▶ TO DO: Please find the lines in the entries below that contain the word "FLANGED", and copy each one.

▶ PROVIDED ENTRIES:

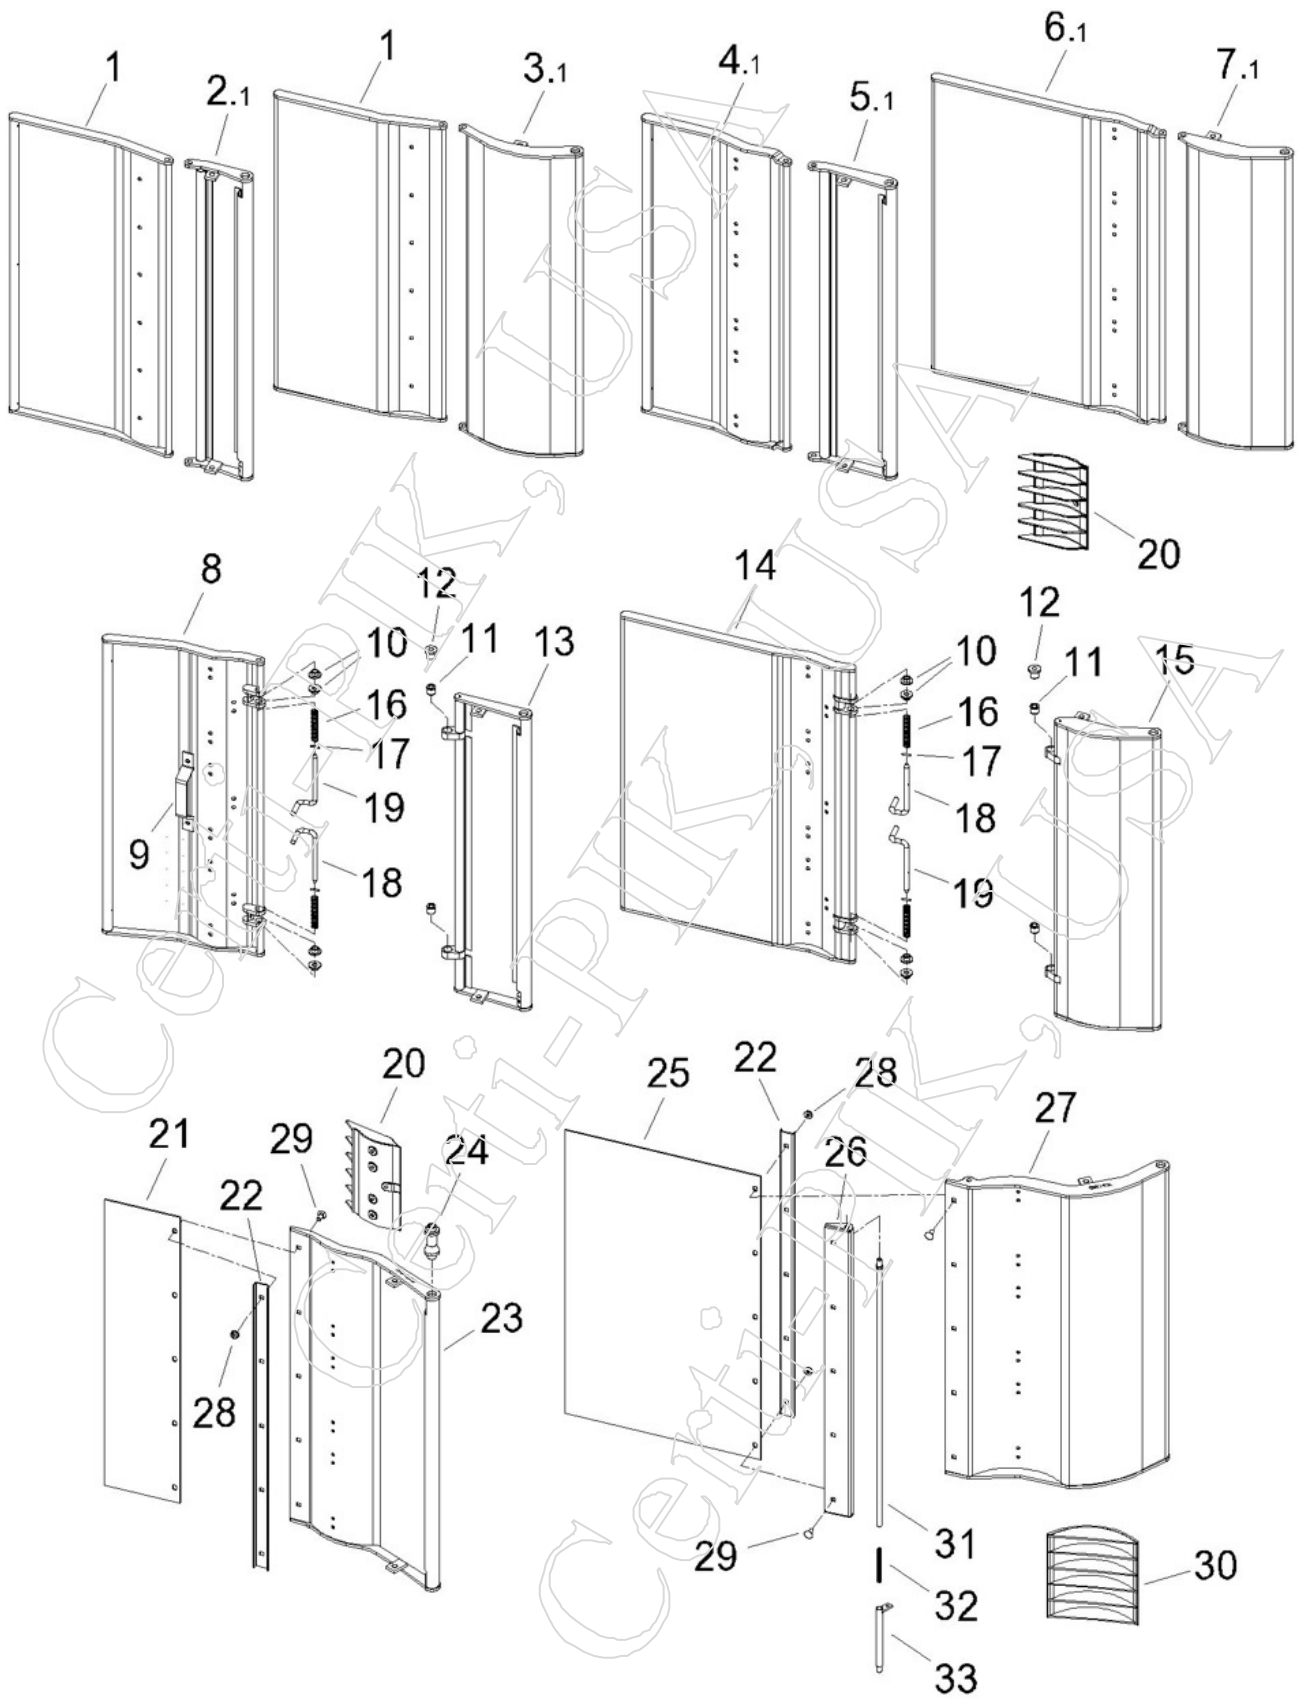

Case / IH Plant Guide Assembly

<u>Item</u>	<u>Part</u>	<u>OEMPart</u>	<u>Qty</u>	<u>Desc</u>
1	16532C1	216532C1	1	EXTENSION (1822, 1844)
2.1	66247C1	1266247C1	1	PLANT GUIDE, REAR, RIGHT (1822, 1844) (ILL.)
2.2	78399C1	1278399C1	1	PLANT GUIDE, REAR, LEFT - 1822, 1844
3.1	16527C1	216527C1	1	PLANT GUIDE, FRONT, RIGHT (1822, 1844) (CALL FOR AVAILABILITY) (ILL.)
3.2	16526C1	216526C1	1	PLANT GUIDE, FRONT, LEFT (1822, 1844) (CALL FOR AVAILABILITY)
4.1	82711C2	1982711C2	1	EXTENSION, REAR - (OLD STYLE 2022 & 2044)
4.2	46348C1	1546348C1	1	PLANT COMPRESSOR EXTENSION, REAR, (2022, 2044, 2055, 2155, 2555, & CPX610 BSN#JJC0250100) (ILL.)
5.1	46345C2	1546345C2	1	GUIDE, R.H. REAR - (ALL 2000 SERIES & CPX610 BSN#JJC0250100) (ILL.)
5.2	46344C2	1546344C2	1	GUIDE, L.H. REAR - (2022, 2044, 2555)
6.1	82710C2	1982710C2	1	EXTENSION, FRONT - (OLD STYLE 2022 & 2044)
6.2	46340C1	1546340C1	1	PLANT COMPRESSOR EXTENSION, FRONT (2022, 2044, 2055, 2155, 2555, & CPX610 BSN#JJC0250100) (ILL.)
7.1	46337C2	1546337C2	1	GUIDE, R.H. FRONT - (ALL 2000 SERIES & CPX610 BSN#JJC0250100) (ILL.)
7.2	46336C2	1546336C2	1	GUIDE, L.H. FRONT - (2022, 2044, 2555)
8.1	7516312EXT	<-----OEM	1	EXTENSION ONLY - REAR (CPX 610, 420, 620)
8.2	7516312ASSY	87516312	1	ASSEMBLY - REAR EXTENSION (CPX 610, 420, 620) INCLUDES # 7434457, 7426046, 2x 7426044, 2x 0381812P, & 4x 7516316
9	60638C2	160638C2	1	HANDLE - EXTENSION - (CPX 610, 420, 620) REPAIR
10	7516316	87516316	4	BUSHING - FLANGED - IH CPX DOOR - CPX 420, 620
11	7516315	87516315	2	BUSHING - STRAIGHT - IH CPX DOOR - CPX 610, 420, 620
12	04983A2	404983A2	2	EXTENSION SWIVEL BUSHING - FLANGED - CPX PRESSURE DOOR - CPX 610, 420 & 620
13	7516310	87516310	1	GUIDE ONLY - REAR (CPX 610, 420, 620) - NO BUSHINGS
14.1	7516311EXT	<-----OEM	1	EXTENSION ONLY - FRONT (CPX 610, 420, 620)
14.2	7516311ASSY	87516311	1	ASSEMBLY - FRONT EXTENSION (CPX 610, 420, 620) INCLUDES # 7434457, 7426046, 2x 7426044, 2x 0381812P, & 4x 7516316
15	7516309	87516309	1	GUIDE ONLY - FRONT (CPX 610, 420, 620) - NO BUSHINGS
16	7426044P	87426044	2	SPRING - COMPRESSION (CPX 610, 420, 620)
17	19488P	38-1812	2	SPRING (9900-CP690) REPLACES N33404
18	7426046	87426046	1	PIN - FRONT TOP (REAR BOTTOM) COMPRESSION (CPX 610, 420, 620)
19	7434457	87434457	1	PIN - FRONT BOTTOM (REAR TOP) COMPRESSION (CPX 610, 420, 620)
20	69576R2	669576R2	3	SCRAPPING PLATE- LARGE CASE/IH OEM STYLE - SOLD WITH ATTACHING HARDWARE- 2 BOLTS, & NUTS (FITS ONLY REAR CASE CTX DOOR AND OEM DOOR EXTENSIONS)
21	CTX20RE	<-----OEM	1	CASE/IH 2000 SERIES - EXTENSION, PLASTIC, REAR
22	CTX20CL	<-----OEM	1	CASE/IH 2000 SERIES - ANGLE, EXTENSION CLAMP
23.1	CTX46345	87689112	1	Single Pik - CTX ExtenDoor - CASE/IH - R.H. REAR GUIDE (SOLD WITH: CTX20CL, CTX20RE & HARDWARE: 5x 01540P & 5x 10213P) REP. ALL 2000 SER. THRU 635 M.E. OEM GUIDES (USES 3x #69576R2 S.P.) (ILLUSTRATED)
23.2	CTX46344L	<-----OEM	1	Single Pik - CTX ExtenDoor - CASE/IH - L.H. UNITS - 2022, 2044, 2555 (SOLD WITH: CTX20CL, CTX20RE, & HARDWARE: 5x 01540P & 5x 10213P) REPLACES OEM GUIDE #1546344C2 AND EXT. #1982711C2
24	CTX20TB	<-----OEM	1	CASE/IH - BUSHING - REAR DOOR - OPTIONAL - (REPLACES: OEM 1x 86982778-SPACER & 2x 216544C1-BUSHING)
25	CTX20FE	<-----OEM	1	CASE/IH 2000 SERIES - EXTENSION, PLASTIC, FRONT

...

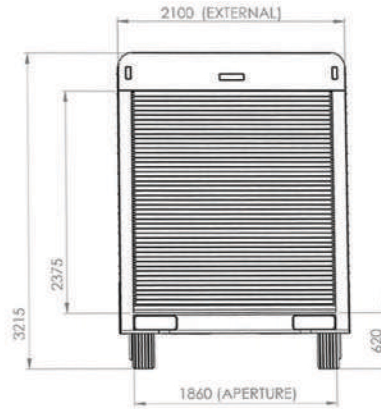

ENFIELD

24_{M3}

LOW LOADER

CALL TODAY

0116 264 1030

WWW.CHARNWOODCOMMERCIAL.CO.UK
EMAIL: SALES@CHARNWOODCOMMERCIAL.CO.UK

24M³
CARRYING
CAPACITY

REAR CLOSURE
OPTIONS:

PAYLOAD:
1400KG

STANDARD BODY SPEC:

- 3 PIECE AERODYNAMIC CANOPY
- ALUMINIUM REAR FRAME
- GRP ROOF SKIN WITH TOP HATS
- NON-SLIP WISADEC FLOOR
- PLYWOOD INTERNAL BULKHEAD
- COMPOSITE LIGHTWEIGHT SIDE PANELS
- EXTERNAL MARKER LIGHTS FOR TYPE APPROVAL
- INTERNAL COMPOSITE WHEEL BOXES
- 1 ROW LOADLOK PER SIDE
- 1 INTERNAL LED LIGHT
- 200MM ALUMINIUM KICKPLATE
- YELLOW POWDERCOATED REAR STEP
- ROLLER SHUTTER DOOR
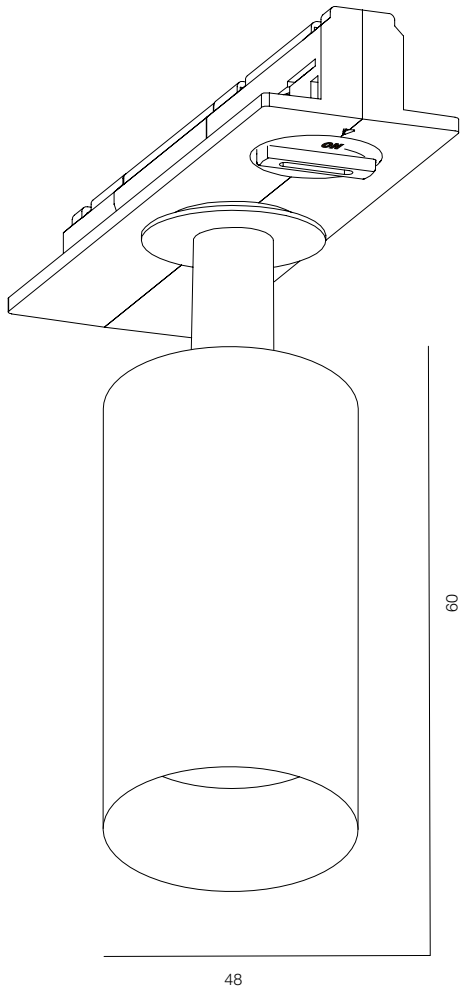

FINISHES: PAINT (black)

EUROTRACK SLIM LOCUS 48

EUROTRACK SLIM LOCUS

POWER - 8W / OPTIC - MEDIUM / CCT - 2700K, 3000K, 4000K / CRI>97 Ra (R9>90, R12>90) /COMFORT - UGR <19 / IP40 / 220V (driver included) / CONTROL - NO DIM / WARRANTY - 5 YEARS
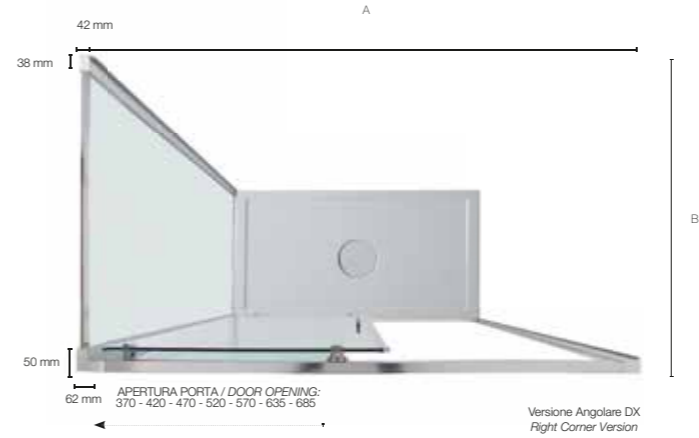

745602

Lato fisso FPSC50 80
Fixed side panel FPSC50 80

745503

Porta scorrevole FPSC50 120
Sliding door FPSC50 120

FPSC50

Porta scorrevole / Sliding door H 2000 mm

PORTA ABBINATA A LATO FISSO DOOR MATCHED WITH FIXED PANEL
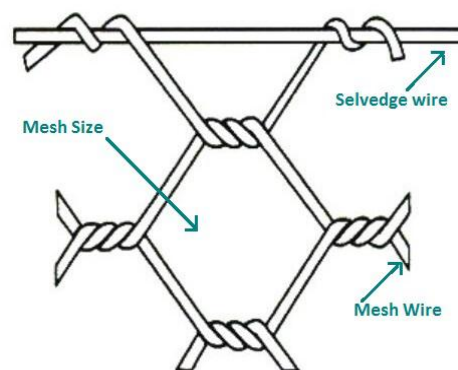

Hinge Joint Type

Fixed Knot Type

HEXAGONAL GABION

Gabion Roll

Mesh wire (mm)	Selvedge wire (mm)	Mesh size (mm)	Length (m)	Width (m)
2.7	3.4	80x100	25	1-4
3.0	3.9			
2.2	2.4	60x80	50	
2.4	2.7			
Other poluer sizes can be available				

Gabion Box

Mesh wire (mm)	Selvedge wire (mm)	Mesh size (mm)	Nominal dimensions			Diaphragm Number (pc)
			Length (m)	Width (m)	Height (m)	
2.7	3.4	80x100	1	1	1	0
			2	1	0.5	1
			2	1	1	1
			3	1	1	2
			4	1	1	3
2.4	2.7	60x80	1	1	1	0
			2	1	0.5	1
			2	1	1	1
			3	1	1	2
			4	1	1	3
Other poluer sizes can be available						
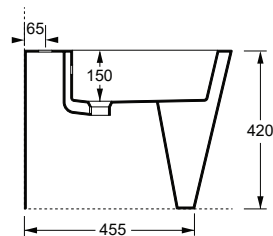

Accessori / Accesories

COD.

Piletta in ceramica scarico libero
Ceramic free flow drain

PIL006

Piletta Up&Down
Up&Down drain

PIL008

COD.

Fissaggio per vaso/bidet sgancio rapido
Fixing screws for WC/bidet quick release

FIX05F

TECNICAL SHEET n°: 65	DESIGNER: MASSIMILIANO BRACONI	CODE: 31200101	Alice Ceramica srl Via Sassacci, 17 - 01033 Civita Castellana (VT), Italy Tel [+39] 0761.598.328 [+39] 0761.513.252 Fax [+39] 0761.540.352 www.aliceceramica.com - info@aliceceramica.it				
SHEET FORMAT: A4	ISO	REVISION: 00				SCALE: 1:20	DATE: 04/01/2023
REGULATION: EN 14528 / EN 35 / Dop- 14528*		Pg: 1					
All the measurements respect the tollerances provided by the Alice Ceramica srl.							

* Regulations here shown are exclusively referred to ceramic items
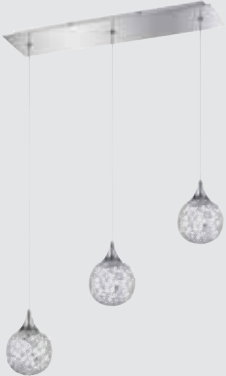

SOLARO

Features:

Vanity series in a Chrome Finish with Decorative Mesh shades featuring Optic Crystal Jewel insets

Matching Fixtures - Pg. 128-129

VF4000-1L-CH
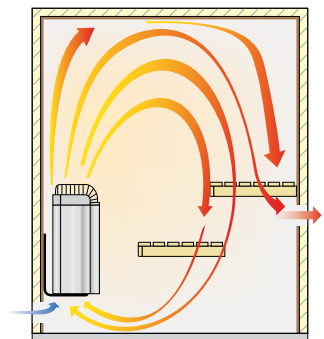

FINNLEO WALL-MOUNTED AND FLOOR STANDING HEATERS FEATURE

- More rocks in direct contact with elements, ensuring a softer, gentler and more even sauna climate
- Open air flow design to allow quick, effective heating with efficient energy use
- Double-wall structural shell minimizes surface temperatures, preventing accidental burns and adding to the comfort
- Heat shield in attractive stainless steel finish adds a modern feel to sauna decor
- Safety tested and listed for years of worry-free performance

* * *

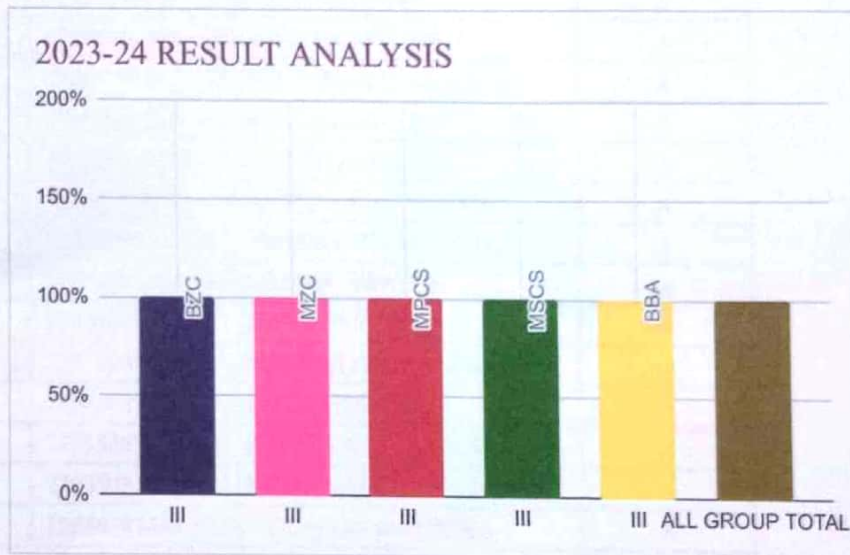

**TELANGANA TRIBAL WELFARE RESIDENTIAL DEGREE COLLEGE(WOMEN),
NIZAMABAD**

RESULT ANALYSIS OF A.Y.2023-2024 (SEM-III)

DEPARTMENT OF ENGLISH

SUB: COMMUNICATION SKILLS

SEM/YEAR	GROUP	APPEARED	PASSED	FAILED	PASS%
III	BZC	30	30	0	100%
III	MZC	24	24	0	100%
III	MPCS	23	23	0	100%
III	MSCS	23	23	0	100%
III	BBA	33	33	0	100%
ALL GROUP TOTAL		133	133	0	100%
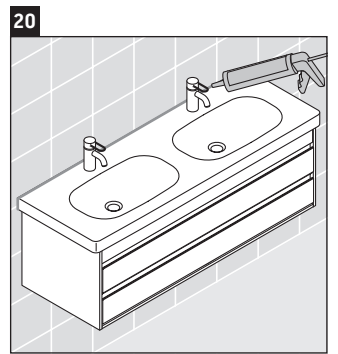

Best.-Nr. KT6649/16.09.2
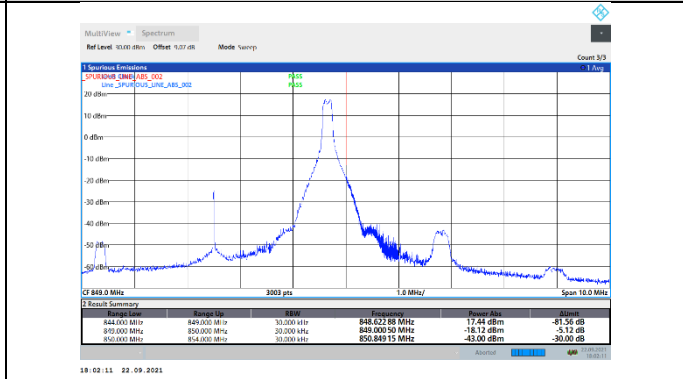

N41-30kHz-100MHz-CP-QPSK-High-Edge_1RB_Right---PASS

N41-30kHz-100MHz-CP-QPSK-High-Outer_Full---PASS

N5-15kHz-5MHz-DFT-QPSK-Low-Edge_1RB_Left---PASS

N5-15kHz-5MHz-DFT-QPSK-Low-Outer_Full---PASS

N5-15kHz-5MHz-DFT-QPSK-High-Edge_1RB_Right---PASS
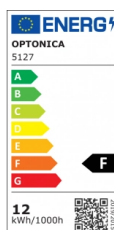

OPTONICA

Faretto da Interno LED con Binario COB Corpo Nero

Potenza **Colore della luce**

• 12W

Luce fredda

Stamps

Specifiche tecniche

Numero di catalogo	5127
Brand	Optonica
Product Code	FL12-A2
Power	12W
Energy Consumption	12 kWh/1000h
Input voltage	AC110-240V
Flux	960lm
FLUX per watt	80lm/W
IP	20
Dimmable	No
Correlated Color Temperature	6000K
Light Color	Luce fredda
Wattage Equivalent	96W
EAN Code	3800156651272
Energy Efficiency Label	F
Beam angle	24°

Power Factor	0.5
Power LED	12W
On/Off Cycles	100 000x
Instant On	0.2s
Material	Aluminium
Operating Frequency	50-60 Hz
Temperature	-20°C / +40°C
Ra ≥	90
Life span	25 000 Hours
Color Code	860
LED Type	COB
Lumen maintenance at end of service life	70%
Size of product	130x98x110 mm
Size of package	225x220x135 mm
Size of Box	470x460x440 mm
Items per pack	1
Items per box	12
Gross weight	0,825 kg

▶ ANSWER:
10	7516316	87516316	4	BUSHING - FLANGED - IH CPX DOOR - CPX 420, 620
12	04983A2	404983A2	2	EXTENSION SWIVEL BUSHING - FLANGED - CPX PRESSURE DOOR - CPX 610, 420 & 620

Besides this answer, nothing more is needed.